It sounds like you should stop running from police and be thankful the police are such bad shops.
PS - Training is suppose to significantly reduce the effect you describe. Your suggestion supports an argument that police can't be trusted to act reasonably or professionally in high stress situations.
I understand with what you're saying and tend to agree somewhat.
I used to be 100+ percent pro-law enforcement etc...Sadly, my trust has diminished substantially.
To be perfectly honest, I no longer trust government or their agents.
I was the pursuer, not the pursued. Sorry that was not clear enough for you.
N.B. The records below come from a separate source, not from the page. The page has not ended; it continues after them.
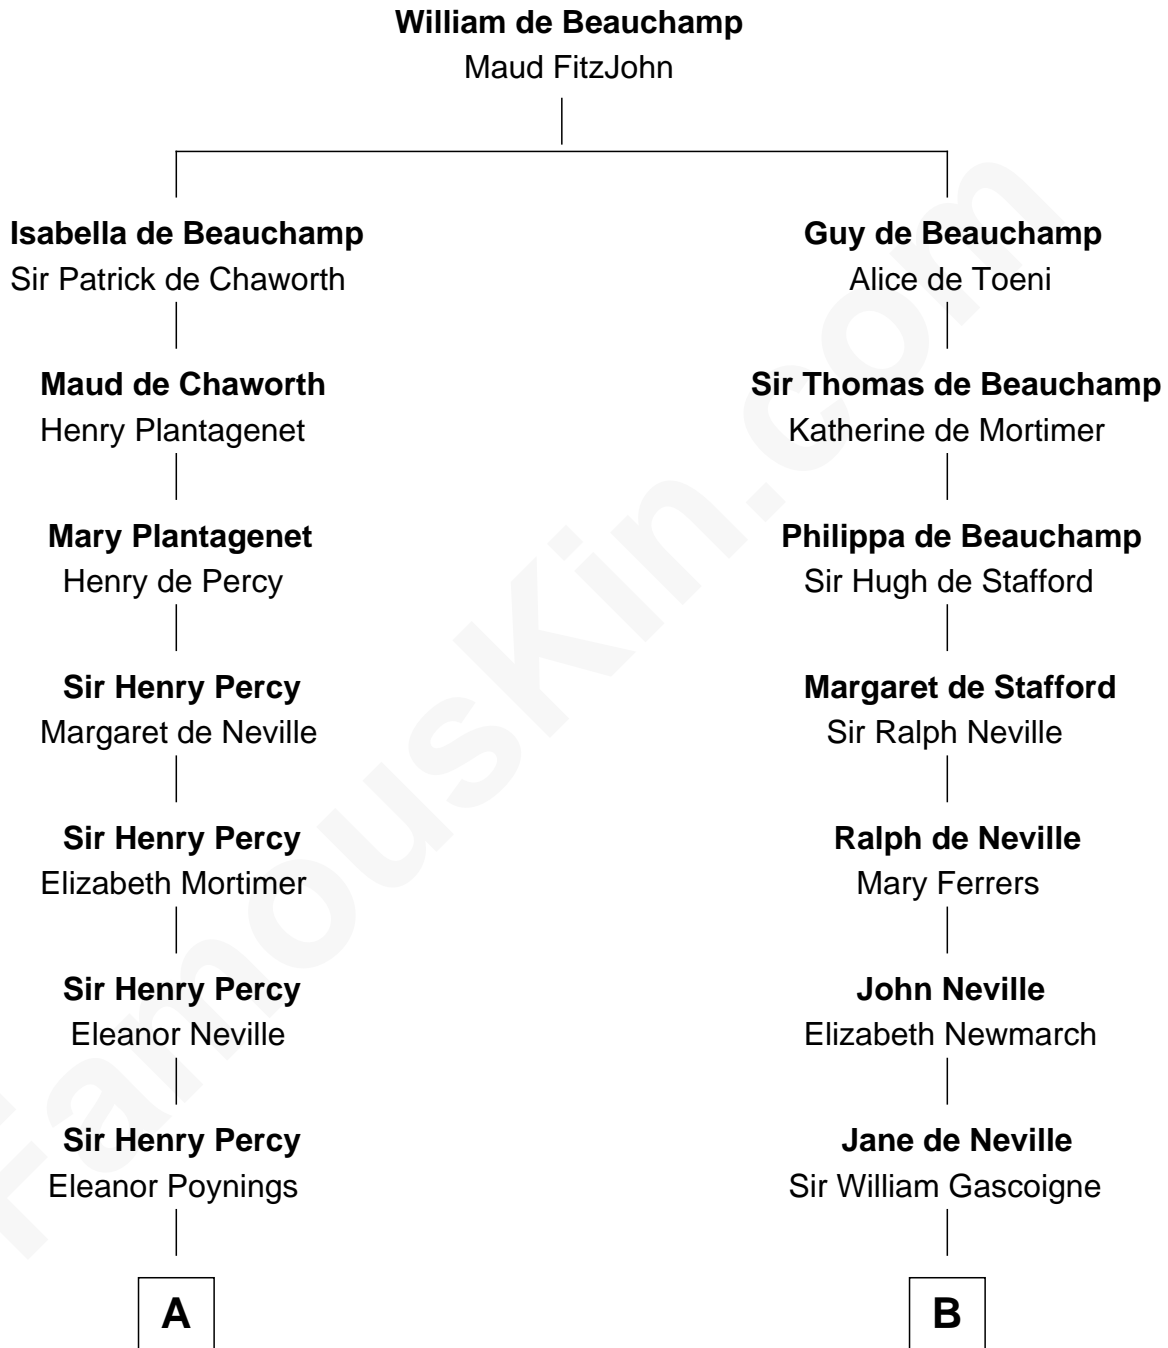

FamousKin.com

Relationship Chart of

Daniel Carroll

Signer of the U.S. Constitution

17th cousin 3 times removed of

Charles A. Pillsbury

Co-Founder of C.A. Pillsbury Co.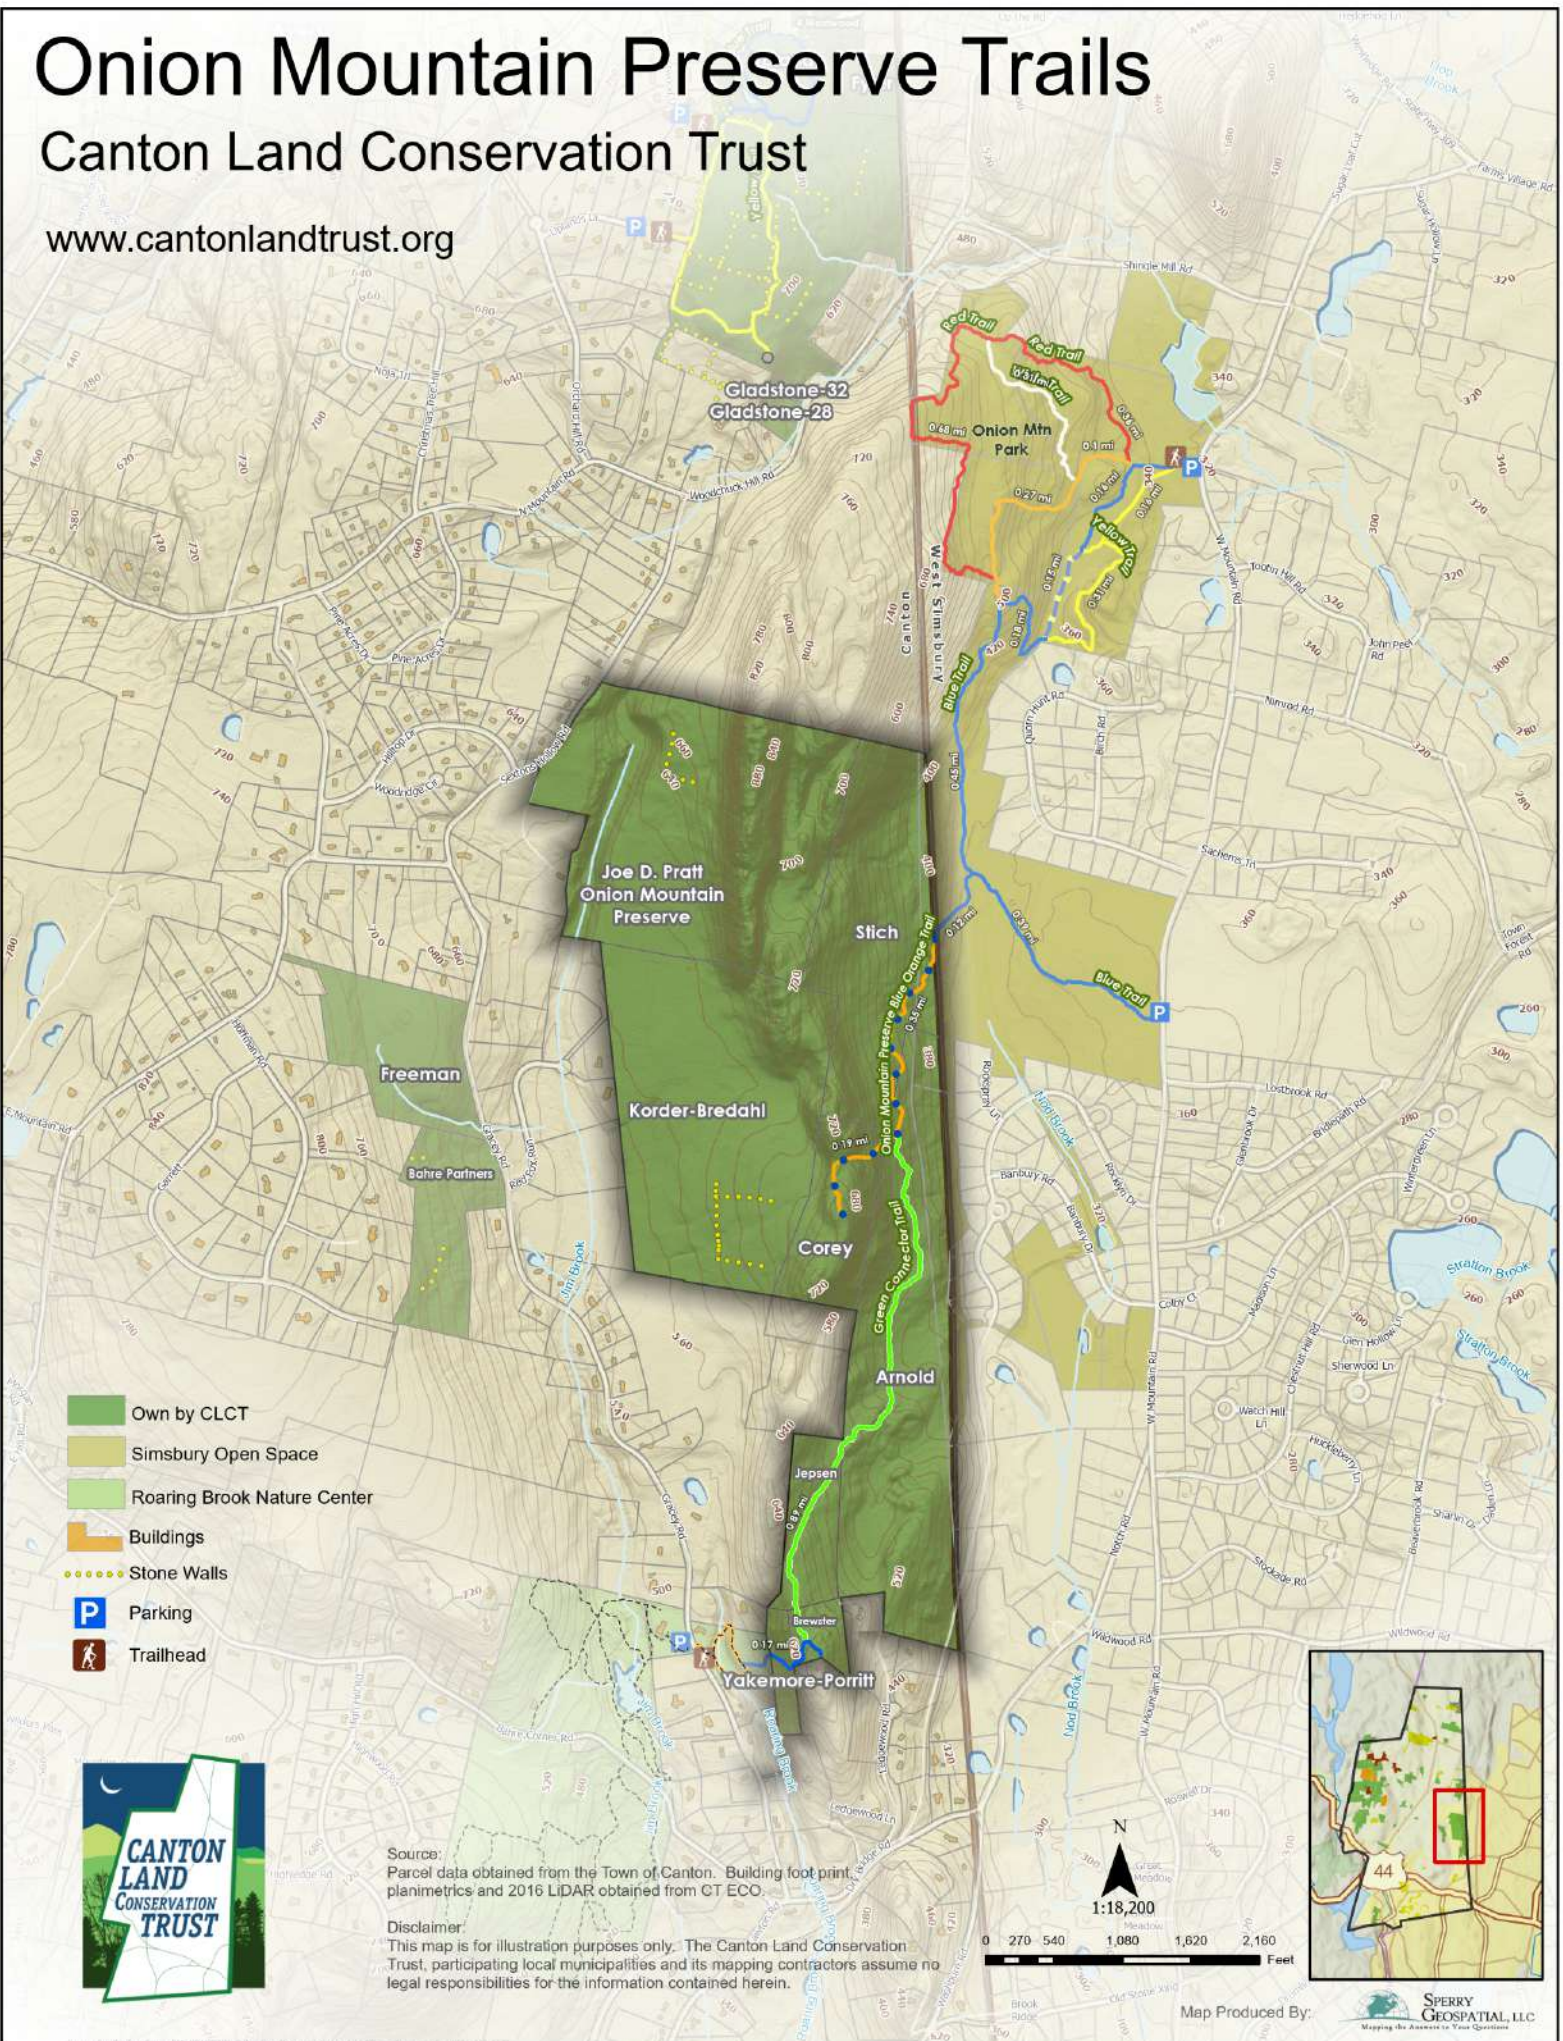

Onion Mountain Preserve Trails

Canton Land Conservation Trust

www.cantonlandtrust.org

- Own by CLCT
- Simsbury Open Space
- Roaring Brook Nature Center
- Buildings
- Stone Walls
- P Parking
- 🚶 Trailhead

Source: Parcel data obtained from the Town of Canton. Building footprint, planimetrics and 2016 LIDAR obtained from CT ECO.

Disclaimer: This map is for illustration purposes only. The Canton Land Conservation Trust, participating local municipalities and its mapping contractors assume no legal responsibilities for the information contained herein.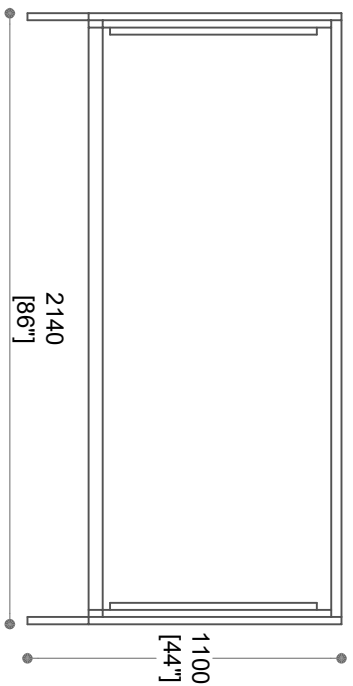

PLAN

ELEVATION A

LETTO LEO

SECTION -A-A'

SECTION -B-B'

Shearling™

Shearling Skins Pvt. Ltd.

Plot No.84, Sector-8, IMT Manesar,
Gurgaon, HR-122052

www.shearling.in

LETTO LEO

THIS DRAWING & ANY INFORMATION OR DESCRIPTIVE MATTER SET OUT HEREON ARE CONFIDENTIAL AND THE COPY RIGHT PROPERTY OF SHEARLING SKINS PVT.LTD AND MUST NOT BE DISCLOSED, LOANED, COPIED OR USED FOR MANUFACTURING, TRADING OR ANY OTHER PURPOSE WITHOUT WRITTEN PERMISSION. ALL DIMENSIONS IN MILLIMETERS AND INCHES.

DRAWN BY:

DATE : 25-10-2024

CURRENT ISSUE :

SCALE : NTS

TOLERANCE : ±5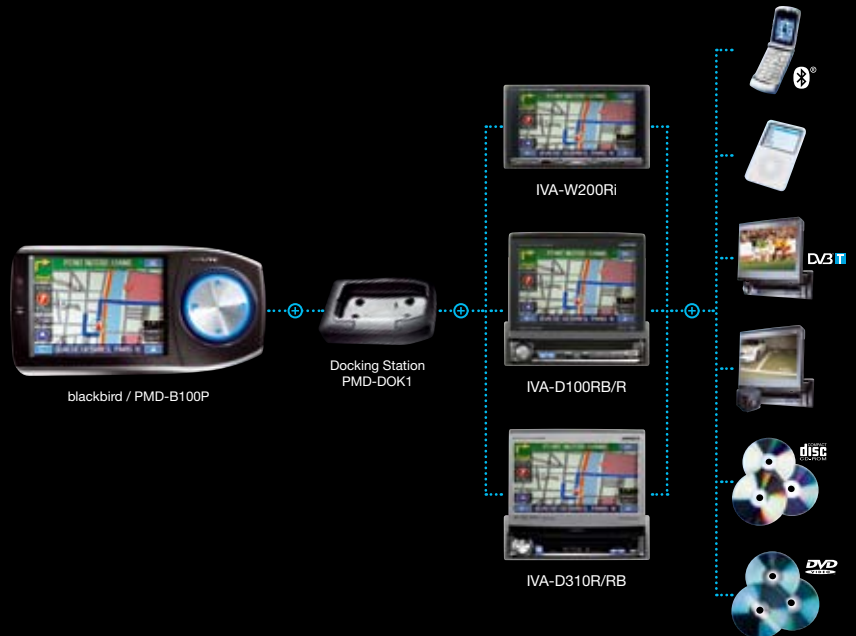

# hard facts

- 4 GB hard drive with pre-installed database
- Slim, handy design (145 x 74 x 29 mm)
- Light (227 g) paired with smart and elegant design
- Easy to use via the function button and touchscreen
- Easy menu control through 3,6" antiglare touchscreen display (resolution 320 x 240 pixel)

## Optional Accessories:

- AV Docking station
- Second car kit
- TMC antenna (with docking station only)
- External GPS antenna
- Extra battery
- Remote control

## a perfect marriage

The blackbird combines the benefits of portable and fixed navigation perfectly: The blackbird works as a stand-alone product, but can also be connected to a fixed AV system via the optional AV

docking station. As soon as the blackbird is docked, the dashboard mobile media takes over the display and control of the blackbird. So your blackbird becomes seamlessly integrated into your Alpine system.

As far as your training comment, there is no current training regimen that I am aware of that can prepare an officer to calmly shoot the X ring out while their heart rate is at 220+ bpm and has been for 15 minutes. Been in the business for 15 years and eight years prior military experience. Other than something I read on the SF Q course, where Green Beret candidates did a force road march with a weps qual at the end and were given one minute to get their heart rate under control before the qual, I never had any training in Army Infantry on heart rate control either. Truth is, in these situations your fine motor control is shot to hell, and that is what primarily helps you to shoot accurately.
A wise senior NCO told me once that “You may have been trained in the “one shot, one kill” doctrine but the realities of combat are much different. This is why we give you six hundred rounds of ammo and coin phrases such as “suppressive fire.”